1. Build scrapy project
scrapy startproject ['项目名']
Generate files in spiders
cd spiders scrapy genspider douban_spider ['域名']
2. clear objectives
Clear what needs to capture, in items.py
the definition of the data structure:
import scrapy
class DoubanItem(scrapy.Item):
# 序号
serial_number = scrapy.Field()
# 电影名
movie_name = scrapy.Field()
# 介绍
introduce = scrapy.Field()
# 星级
star = scrapy.Field()
# 评论
evaluate = scrapy.Field()
# 描述
describe = scrapy.Field()
3. spider write file
Open spider.py file, the default will be three parameters:
class DoubanSpiderSpider(scrapy.Spider):
# 爬虫名
name = 'douban_spider'
# 允许的域名,超出该域名的链接不会进行抓取
allowed_domains = ['movie.douban.com']
# 入口url
start_urls = ['https://movie.douban.com/top250']

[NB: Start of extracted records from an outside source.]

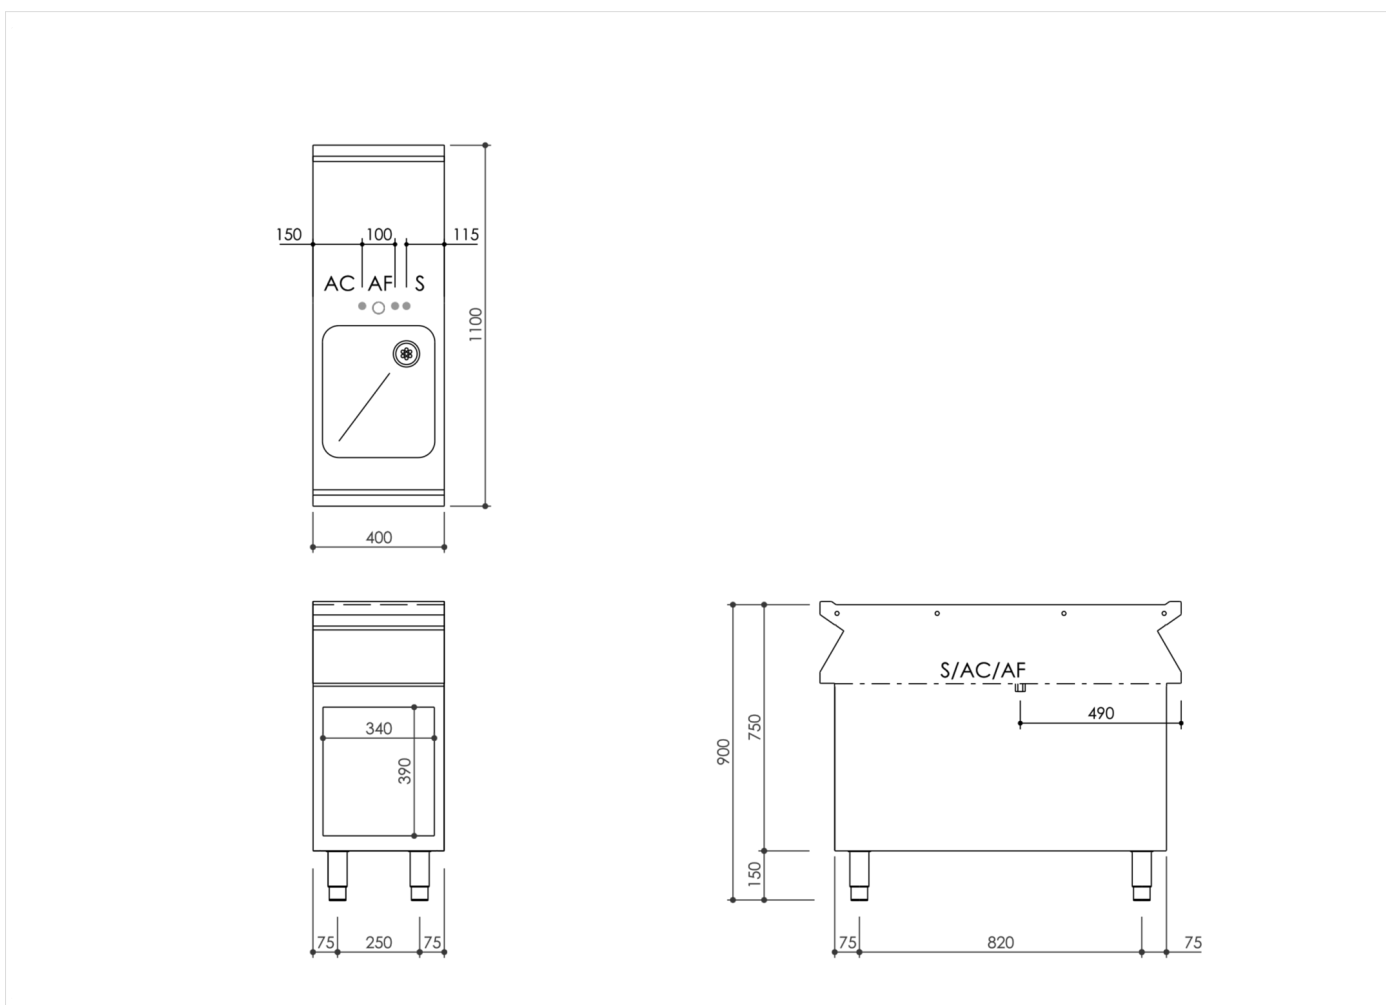

RANGE	CODE	MODEL	FUNCTION
MI - IIO	MAMCOOII600	ENII4VG	Neutral Elements

ITEM

Pass through 400 mm wide worktop unit on open stand

RANGE	CODE	MODEL	FUNCTION
MI - 110	MAMCOO11600	EN114VG	Neutral Elements

ITEM

Pass through 400 mm wide worktop unit on open stand

INSTALLATION SPECIFICATIONS

(S) Output Drain: \varnothing 40mm H=650mm
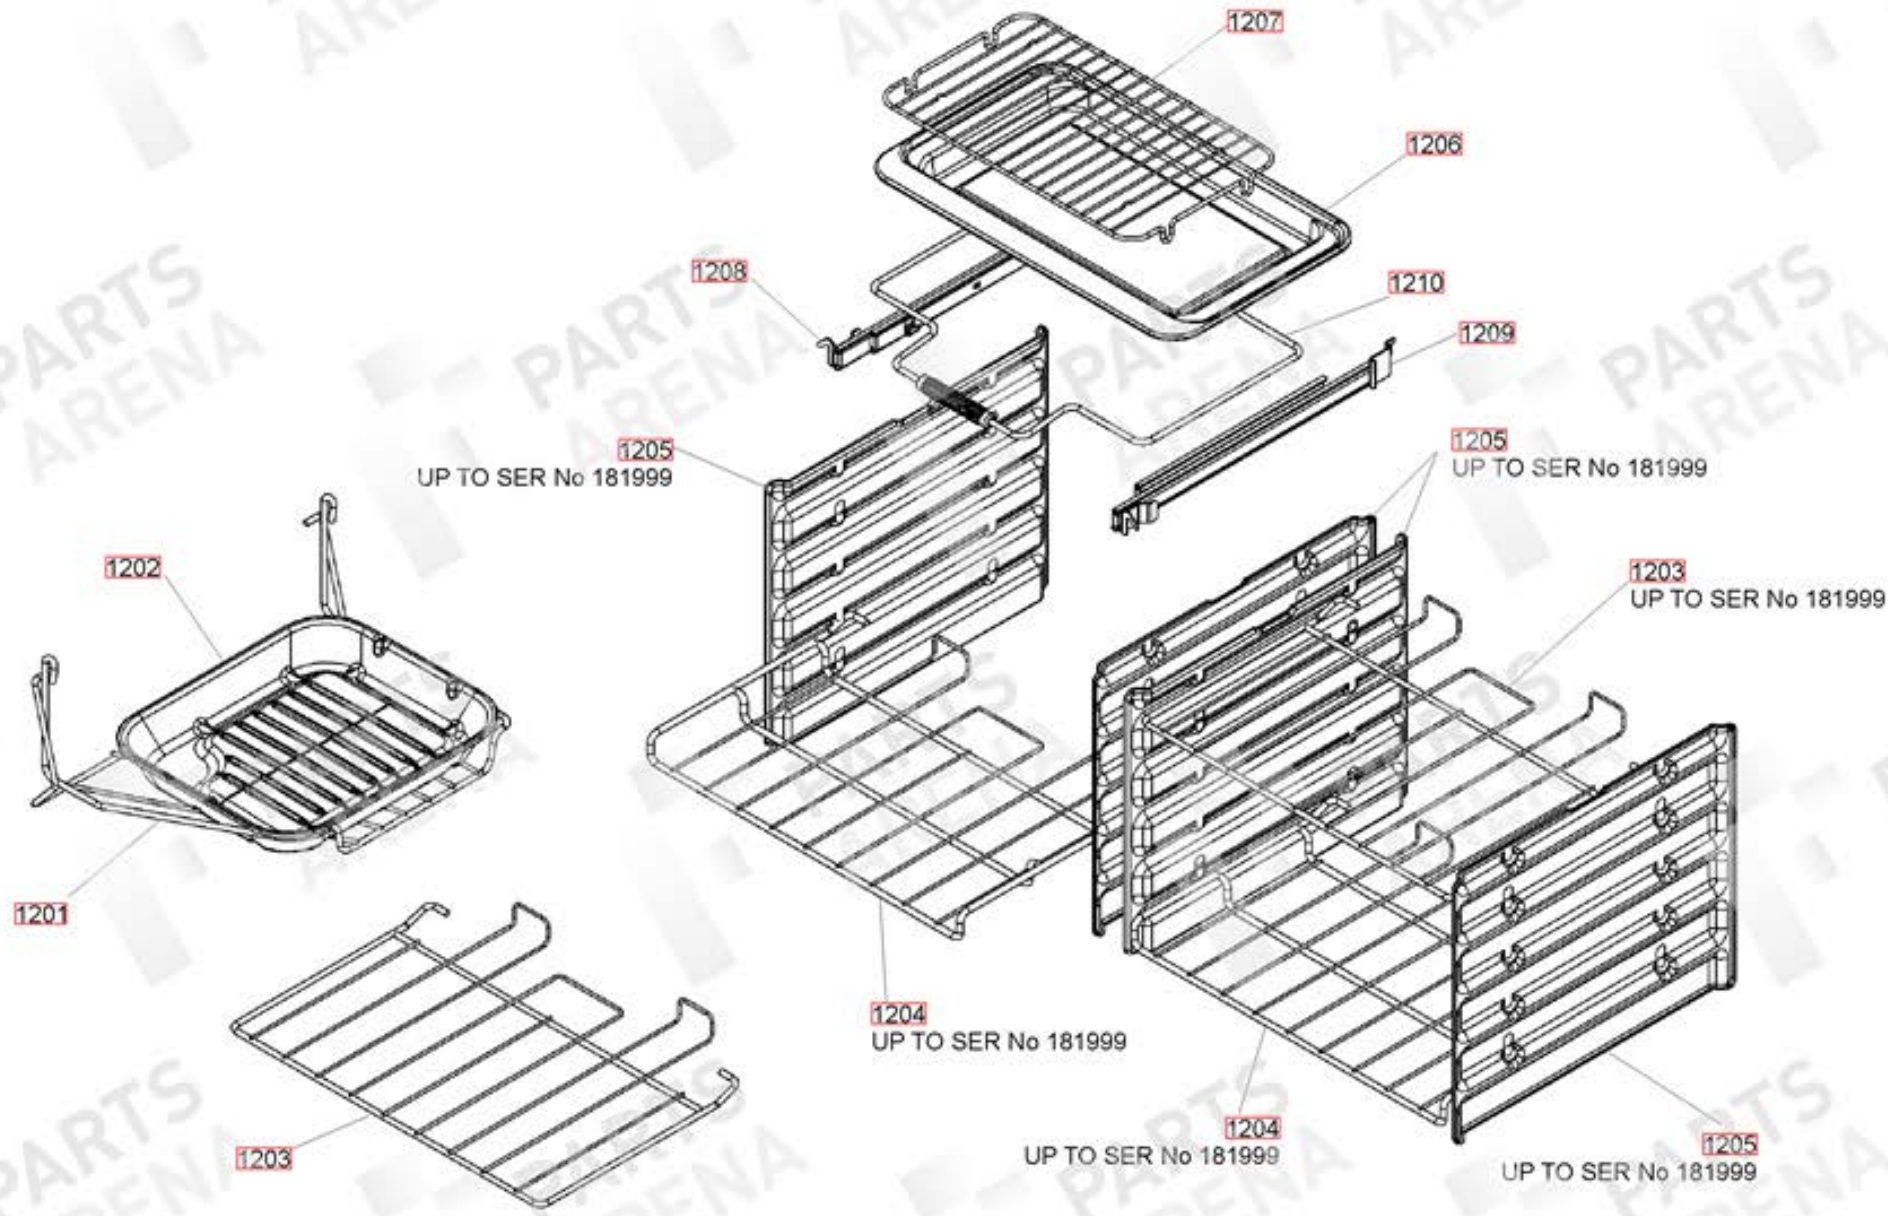

312

304

302

INNER CONTROL PANEL
(SHOWN FOR REF ONLY)

FROM SERIAL NUMBER 174000
UP TO SERIAL NUMBER 181999

LH OVEN
(MULTI - LIGHT)

LH 'FLAT' OVEN
(MULTI - LIGHT)
FROM SERIAL NUMBER 182000

ELISE 110 INDUCTION (G5)

DATE 16.01.14

DSL0520 P07

UP TO SERIAL NUMBER 173999

ISSUE STATUS 02

RH OVEN

FROM SERIAL NUMBER 174000
UP TO SERIAL NUMBER 181999

- 762 OVEN Baffle
- 760 FIXING SCREWS
- 763 LAMP HOLDER
- 764 FIXING SCREWS

RH OVEN
(FAN - LIGHT)

ELISE 110 INDUCTION (G5)

DATE 02.04.15

DSL0520 P11

ISSUE STATUS 02

FROM SERIAL NUMBER 182000

def parse(self, response):
pass
In the def parse
content analysis method:
def parse(self, response):
print(response.text)
4. Start scrapy project
The command line to start
# douban_spider 即spider.py中的爬虫名 scrapy crawl douban_spider
The reason being given 403: user_agent set up wrong, go to
settings.py
the settings:USER_AGENT = 'Mozilla/5.0 (Macintosh; Intel Mac OS X 10_14_5) AppleWebKit/537.36 (KHTML, like Gecko) Chrome/75.0.3770.100 Safari/537.36'
Started in pycharm
Create a
main.py
file:from scrapy import cmdline if __name__ == '__main__': cmdline.execute('scrapy crawl douban_spider'.split())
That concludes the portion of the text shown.